- Opening Delimiter -
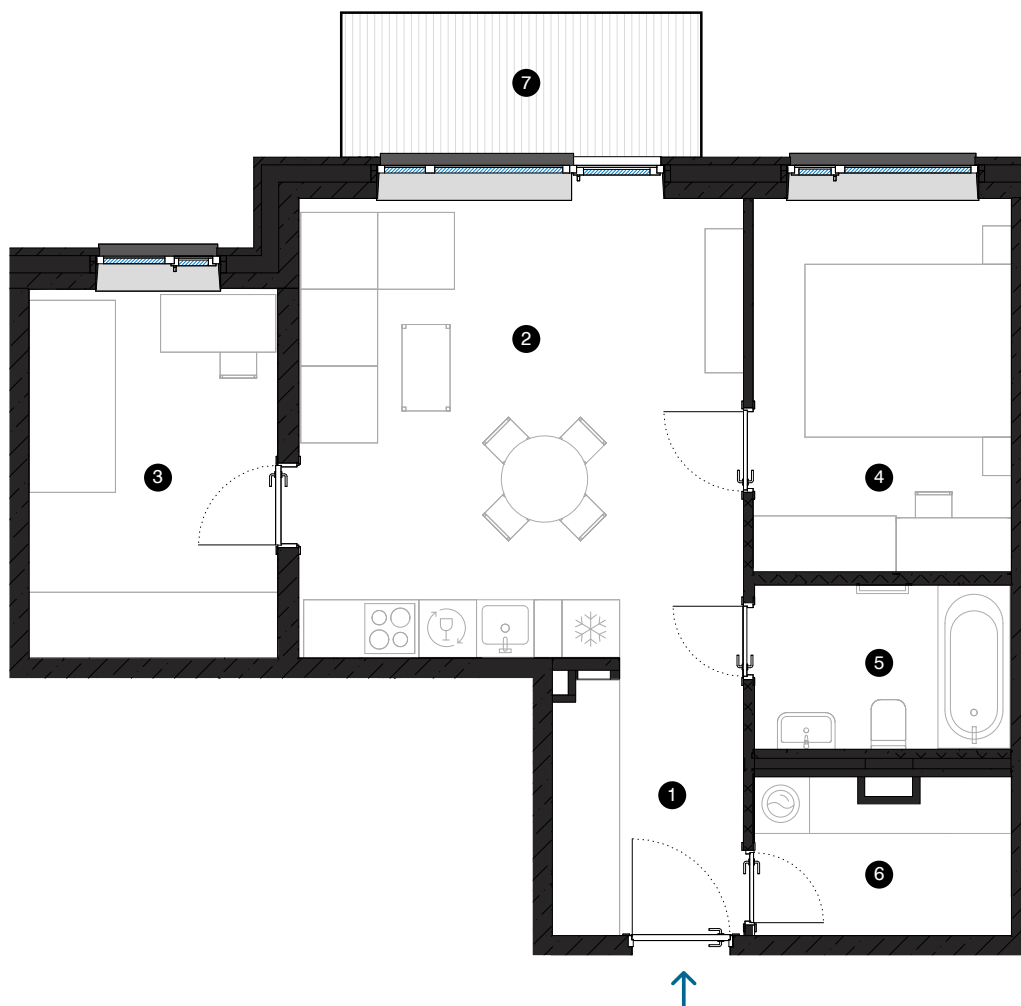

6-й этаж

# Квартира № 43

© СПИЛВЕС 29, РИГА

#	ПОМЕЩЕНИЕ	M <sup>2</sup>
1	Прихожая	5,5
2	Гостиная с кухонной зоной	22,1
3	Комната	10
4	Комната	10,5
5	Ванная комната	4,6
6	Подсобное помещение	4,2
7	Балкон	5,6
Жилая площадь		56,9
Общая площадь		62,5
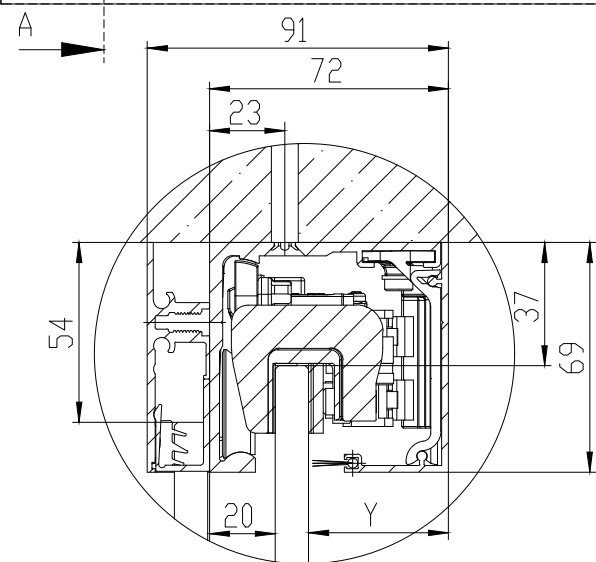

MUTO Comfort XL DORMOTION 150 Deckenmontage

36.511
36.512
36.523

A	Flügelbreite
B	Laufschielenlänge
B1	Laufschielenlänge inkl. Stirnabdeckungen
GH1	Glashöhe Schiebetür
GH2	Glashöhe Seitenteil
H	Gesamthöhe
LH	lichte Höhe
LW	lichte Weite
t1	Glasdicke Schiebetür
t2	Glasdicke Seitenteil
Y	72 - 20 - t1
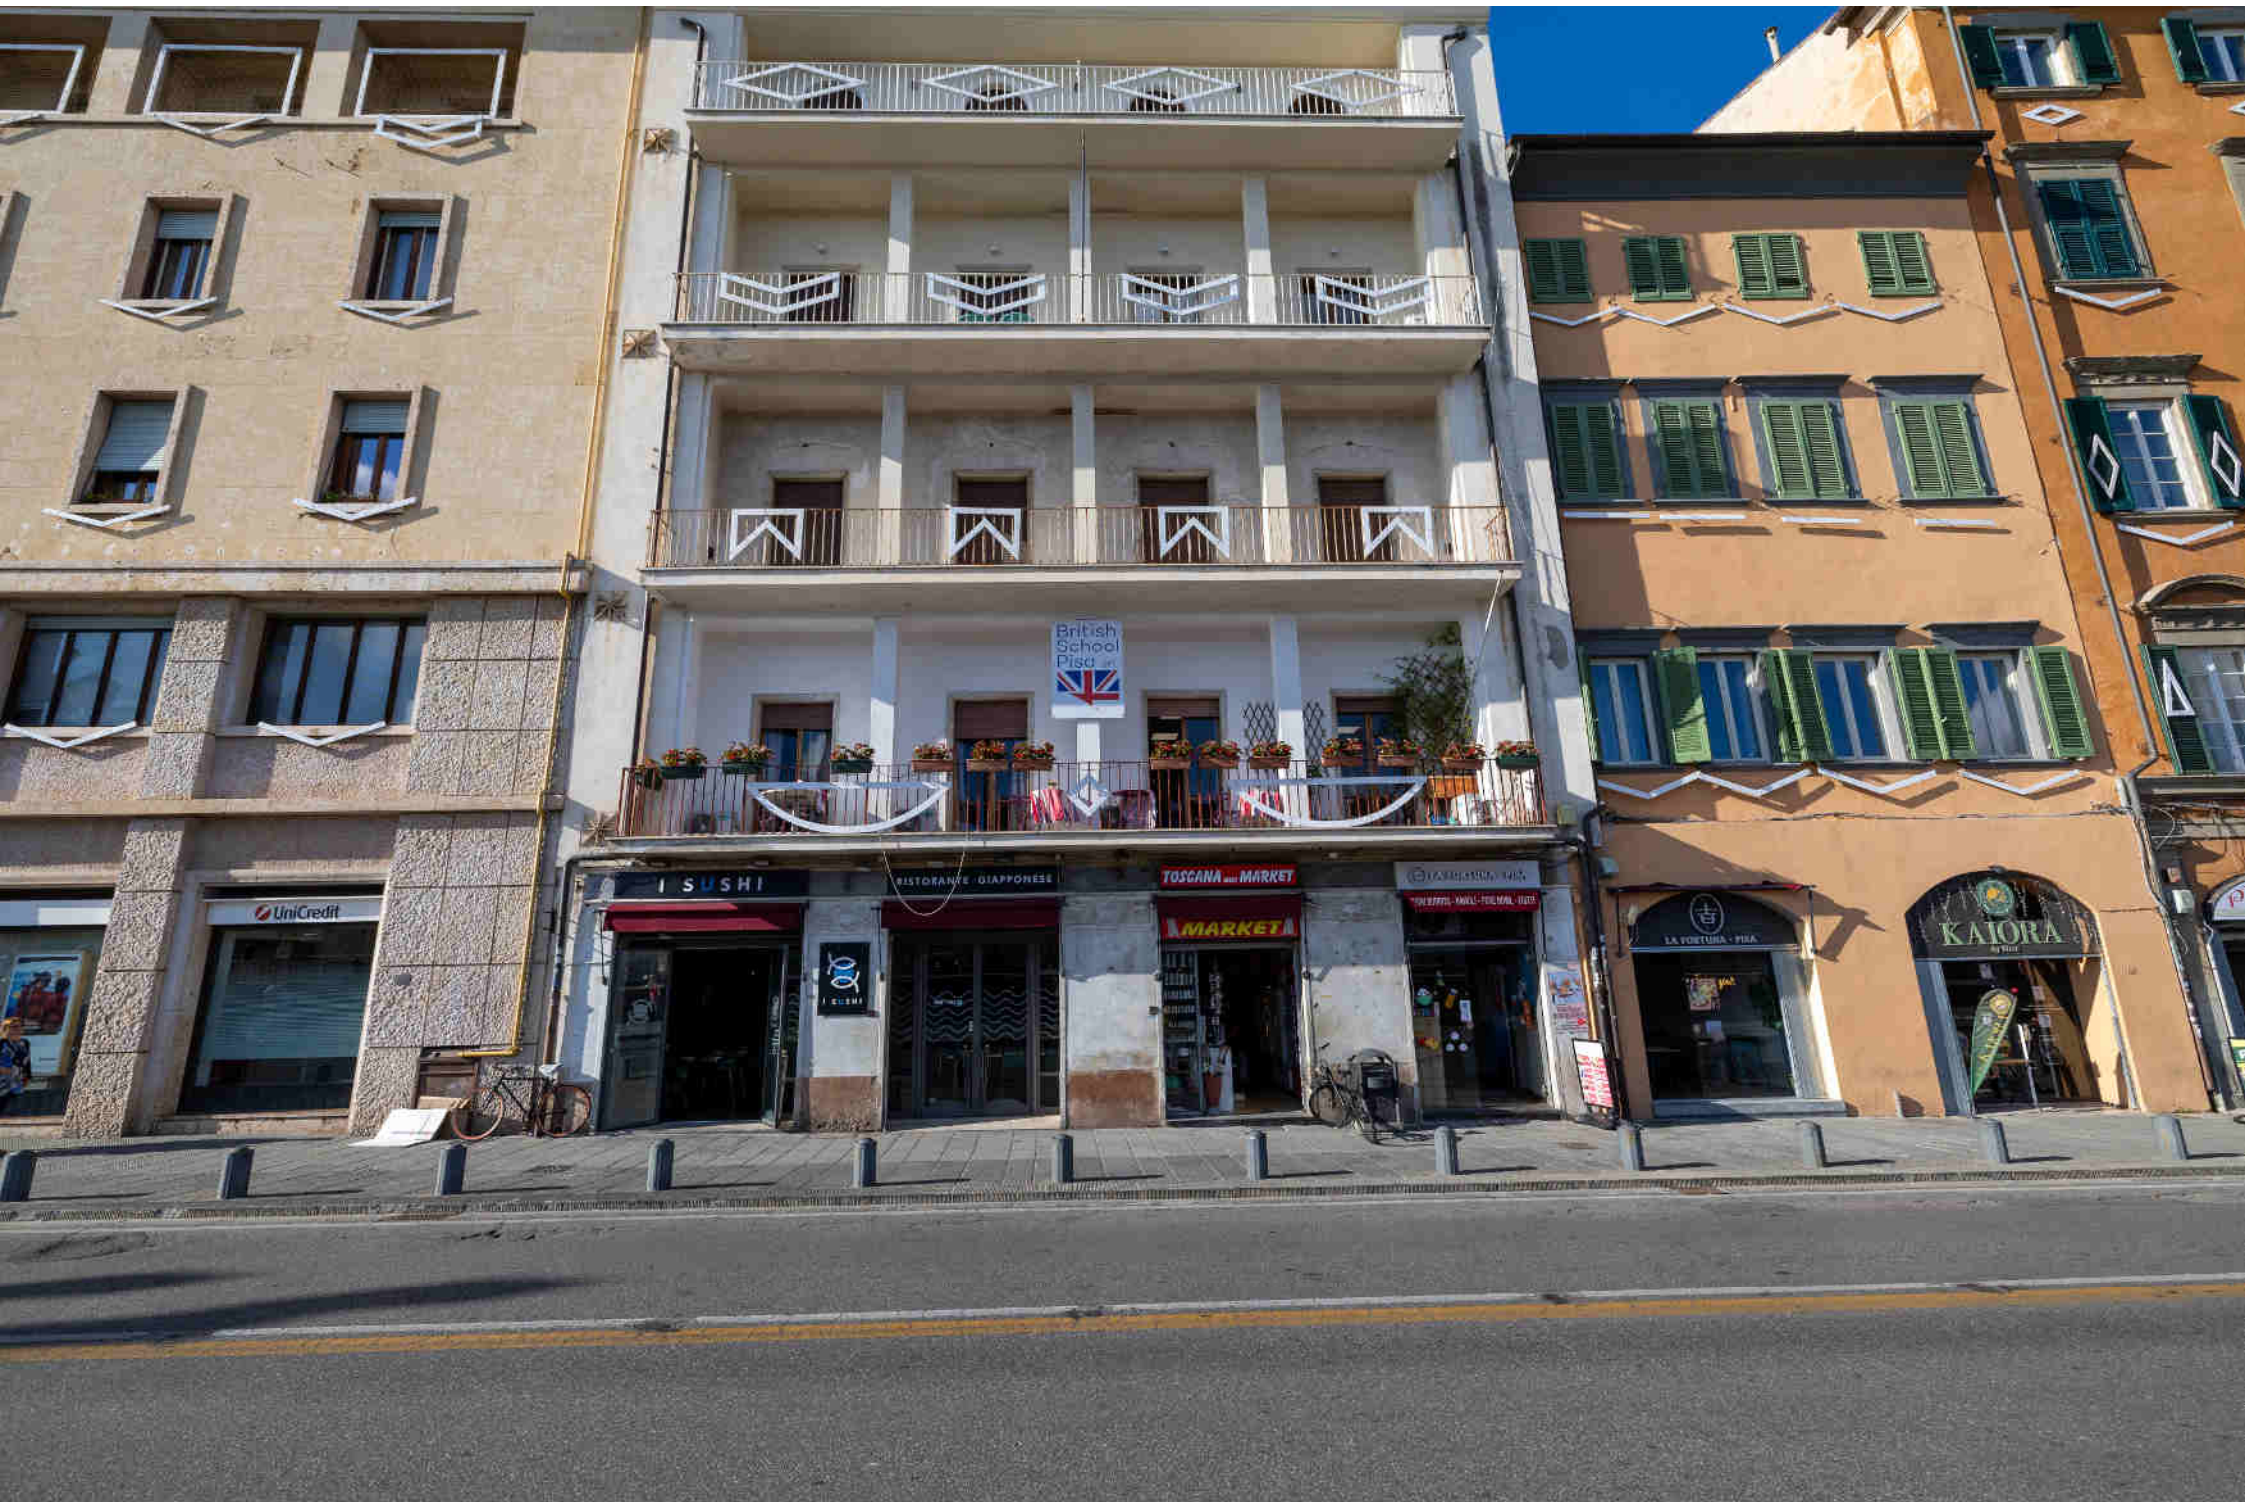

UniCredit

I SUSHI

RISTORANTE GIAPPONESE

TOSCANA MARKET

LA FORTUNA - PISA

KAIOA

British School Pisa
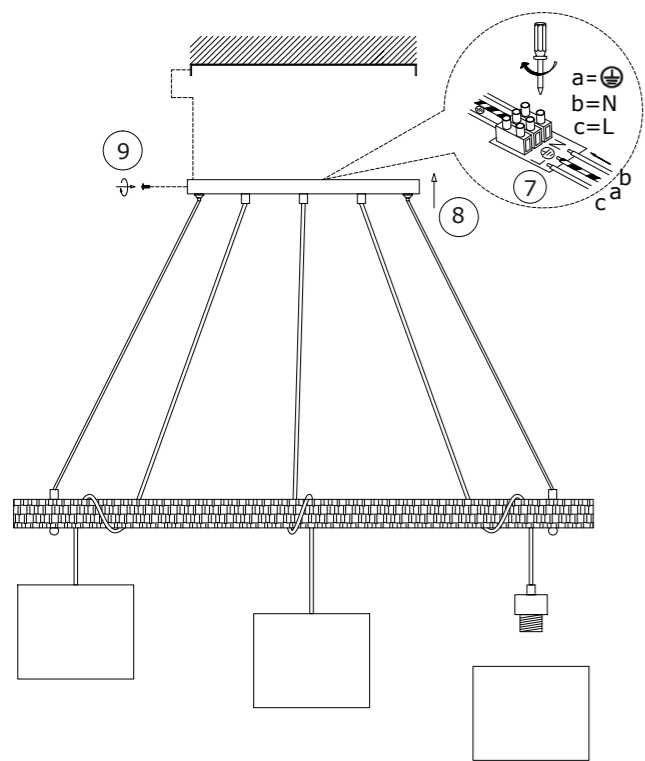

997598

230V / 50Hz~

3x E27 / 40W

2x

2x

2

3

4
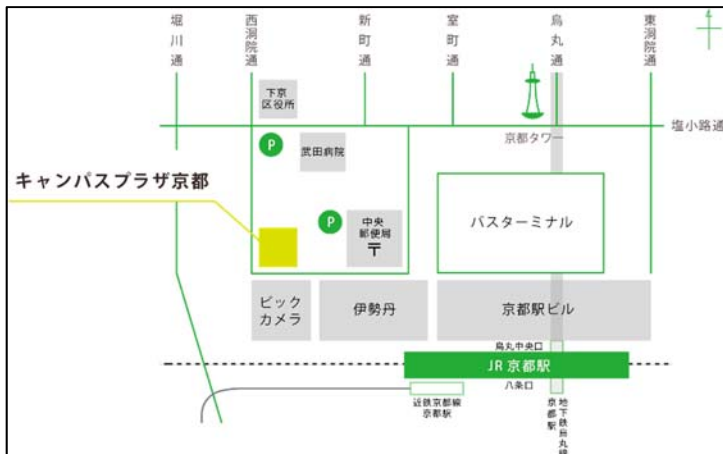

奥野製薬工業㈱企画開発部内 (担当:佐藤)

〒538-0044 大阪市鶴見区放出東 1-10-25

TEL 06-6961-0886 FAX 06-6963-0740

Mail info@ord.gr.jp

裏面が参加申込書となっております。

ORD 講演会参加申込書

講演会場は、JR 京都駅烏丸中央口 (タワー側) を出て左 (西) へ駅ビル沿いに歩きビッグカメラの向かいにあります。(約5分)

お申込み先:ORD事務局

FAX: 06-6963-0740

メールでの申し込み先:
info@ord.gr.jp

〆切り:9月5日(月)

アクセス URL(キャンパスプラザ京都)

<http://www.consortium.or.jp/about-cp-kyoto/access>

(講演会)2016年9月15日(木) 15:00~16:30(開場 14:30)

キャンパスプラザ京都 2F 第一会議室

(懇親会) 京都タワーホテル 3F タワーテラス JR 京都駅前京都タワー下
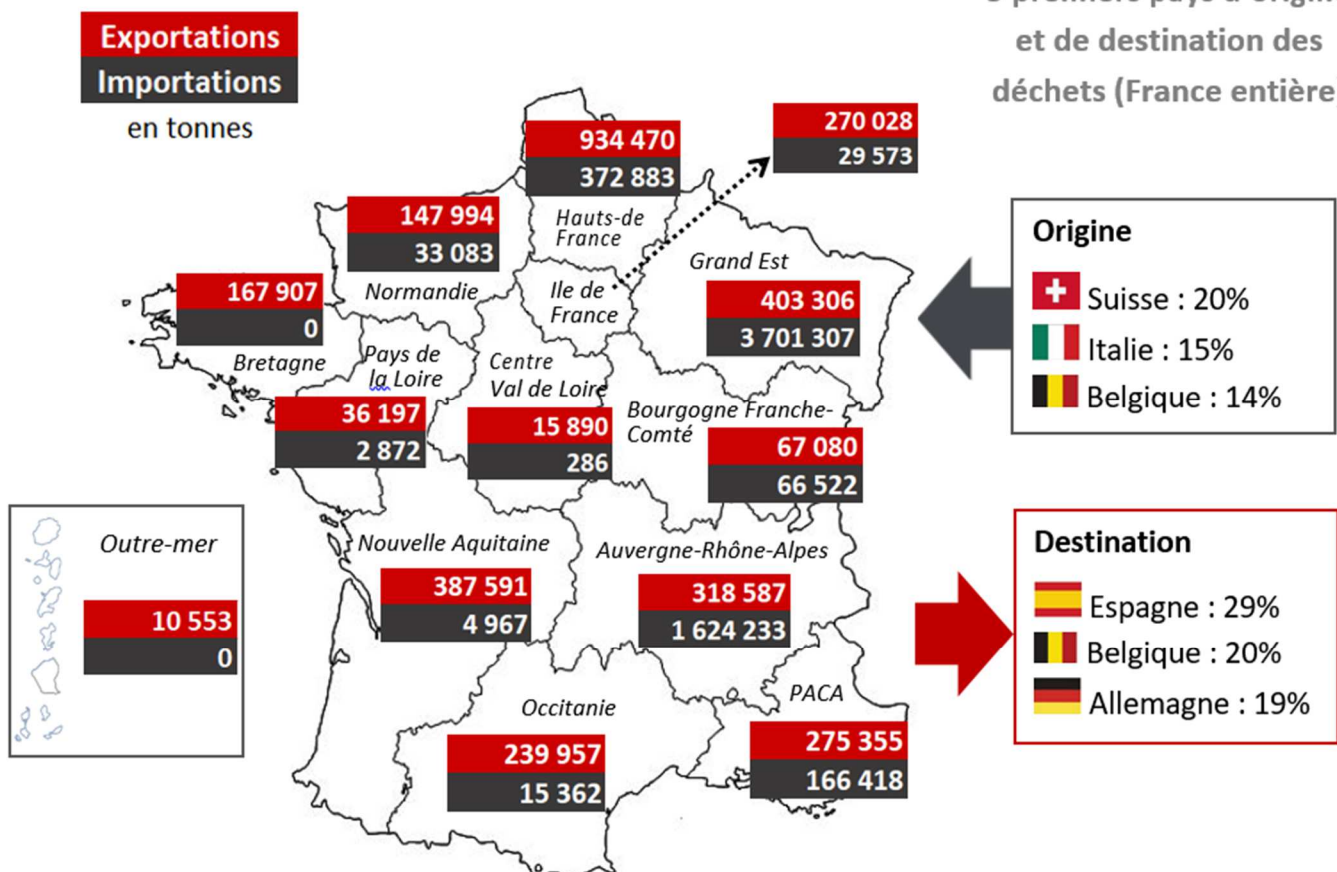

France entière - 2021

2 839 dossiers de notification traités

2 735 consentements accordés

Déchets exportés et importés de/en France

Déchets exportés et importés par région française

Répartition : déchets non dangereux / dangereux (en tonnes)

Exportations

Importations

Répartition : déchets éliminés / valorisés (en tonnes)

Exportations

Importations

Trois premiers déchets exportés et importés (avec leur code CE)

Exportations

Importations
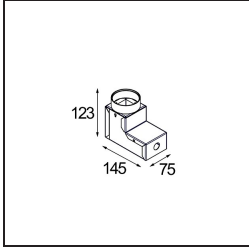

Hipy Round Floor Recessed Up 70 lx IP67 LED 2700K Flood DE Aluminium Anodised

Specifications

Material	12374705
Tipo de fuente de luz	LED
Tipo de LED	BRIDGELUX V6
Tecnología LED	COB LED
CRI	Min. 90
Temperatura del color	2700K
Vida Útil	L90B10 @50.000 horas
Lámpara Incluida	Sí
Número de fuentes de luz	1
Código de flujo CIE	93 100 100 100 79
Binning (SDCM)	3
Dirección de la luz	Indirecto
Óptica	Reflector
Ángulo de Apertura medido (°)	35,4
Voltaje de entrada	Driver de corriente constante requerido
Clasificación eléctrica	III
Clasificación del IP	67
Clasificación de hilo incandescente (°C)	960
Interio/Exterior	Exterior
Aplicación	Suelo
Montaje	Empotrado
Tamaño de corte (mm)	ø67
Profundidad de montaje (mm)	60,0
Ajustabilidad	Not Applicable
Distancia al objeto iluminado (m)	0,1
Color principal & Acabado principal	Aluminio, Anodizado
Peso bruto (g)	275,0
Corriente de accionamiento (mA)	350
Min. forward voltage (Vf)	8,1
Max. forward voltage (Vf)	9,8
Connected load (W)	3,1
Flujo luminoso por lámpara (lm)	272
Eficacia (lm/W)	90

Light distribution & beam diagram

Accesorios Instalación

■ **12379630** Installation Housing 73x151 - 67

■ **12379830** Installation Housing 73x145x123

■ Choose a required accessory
- Closing Delimiter -
How to complete this task: Set the listing above down again exactly, leaving pictures out.

Task solution:
6-й этаж

# Квартира № 43

© СПИЛВЕС 29, РИГА

#	ПОМЕЩЕНИЕ	M <sup>2</sup>
1	Прихожая	5,5
2	Гостиная с кухонной зоной	22,1
3	Комната	10
4	Комната	10,5
5	Ванная комната	4,6
6	Подсобное помещение	4,2
7	Балкон	5,6
Жилая площадь		56,9
Общая площадь		62,5

MUTO Comfort XL DORMOTION 150 Deckenmontage

36.511
36.512
36.523

A	Flügelbreite
B	Laufschielenlänge
B1	Laufschielenlänge inkl. Stirnabdeckungen
GH1	Glashöhe Schiebetür
GH2	Glashöhe Seitenteil
H	Gesamthöhe
LH	lichte Höhe
LW	lichte Weite
t1	Glasdicke Schiebetür
t2	Glasdicke Seitenteil
Y	72 - 20 - t1

UniCredit

I SUSHI

RISTORANTE GIAPPONESE

TOSCANA MARKET

LA FORTUNA - PISA

KAIOA

British School Pisa

997598

230V / 50Hz~

3x E27 / 40W

2x

2x

2

3

4

奥野製薬工業㈱企画開発部内 (担当:佐藤)

〒538-0044 大阪市鶴見区放出東 1-10-25

TEL 06-6961-0886 FAX 06-6963-0740

Mail info@ord.gr.jp

裏面が参加申込書となっております。

ORD 講演会参加申込書

講演会場は、JR 京都駅烏丸中央口 (タワー側) を出て左 (西) へ駅ビル沿いに歩きビッグカメラの向かいにあります。(約5分)

お申込み先:ORD事務局

FAX: 06-6963-0740

メールでの申し込み先:
info@ord.gr.jp

〆切り:9月5日(月)

アクセス URL(キャンパスプラザ京都)

<http://www.consortium.or.jp/about-cp-kyoto/access>

(講演会)2016年9月15日(木) 15:00~16:30(開場 14:30)

キャンパスプラザ京都 2F 第一会議室

(懇親会) 京都タワーホテル 3F タワーテラス JR 京都駅前京都タワー下

France entière - 2021

2 839 dossiers de notification traités

2 735 consentements accordés

Déchets exportés et importés de/en France

Déchets exportés et importés par région française

Répartition : déchets non dangereux / dangereux (en tonnes)

Exportations

Importations

Répartition : déchets éliminés / valorisés (en tonnes)

Exportations

Importations

Trois premiers déchets exportés et importés (avec leur code CE)

Exportations

Importations

Hipy Round Floor Recessed Up 70 lx IP67 LED 2700K Flood DE Aluminium Anodised

Specifications

Material	12374705
Tipo de fuente de luz	LED
Tipo de LED	BRIDGELUX V6
Tecnología LED	COB LED
CRI	Min. 90
Temperatura del color	2700K
Vida Útil	L90B10 @50.000 horas
Lámpara Incluida	Sí
Número de fuentes de luz	1
Código de flujo CIE	93 100 100 100 79
Binning (SDCM)	3
Dirección de la luz	Indirecto
Óptica	Reflector
Ángulo de Apertura medido (°)	35,4
Voltaje de entrada	Driver de corriente constante requerido
Clasificación eléctrica	III
Clasificación del IP	67
Clasificación de hilo incandescente (°C)	960
Interio/Exterior	Exterior
Aplicación	Suelo
Montaje	Empotrado
Tamaño de corte (mm)	ø67
Profundidad de montaje (mm)	60,0
Ajustabilidad	Not Applicable
Distancia al objeto iluminado (m)	0,1
Color principal & Acabado principal	Aluminio, Anodizado
Peso bruto (g)	275,0
Corriente de accionamiento (mA)	350
Min. forward voltage (Vf)	8,1
Max. forward voltage (Vf)	9,8
Connected load (W)	3,1
Flujo luminoso por lámpara (lm)	272
Eficacia (lm/W)	90

Light distribution & beam diagram

Accesorios Instalación

■ **12379630** Installation Housing 73x151 - 67

■ **12379830** Installation Housing 73x145x123

■ Choose a required accessory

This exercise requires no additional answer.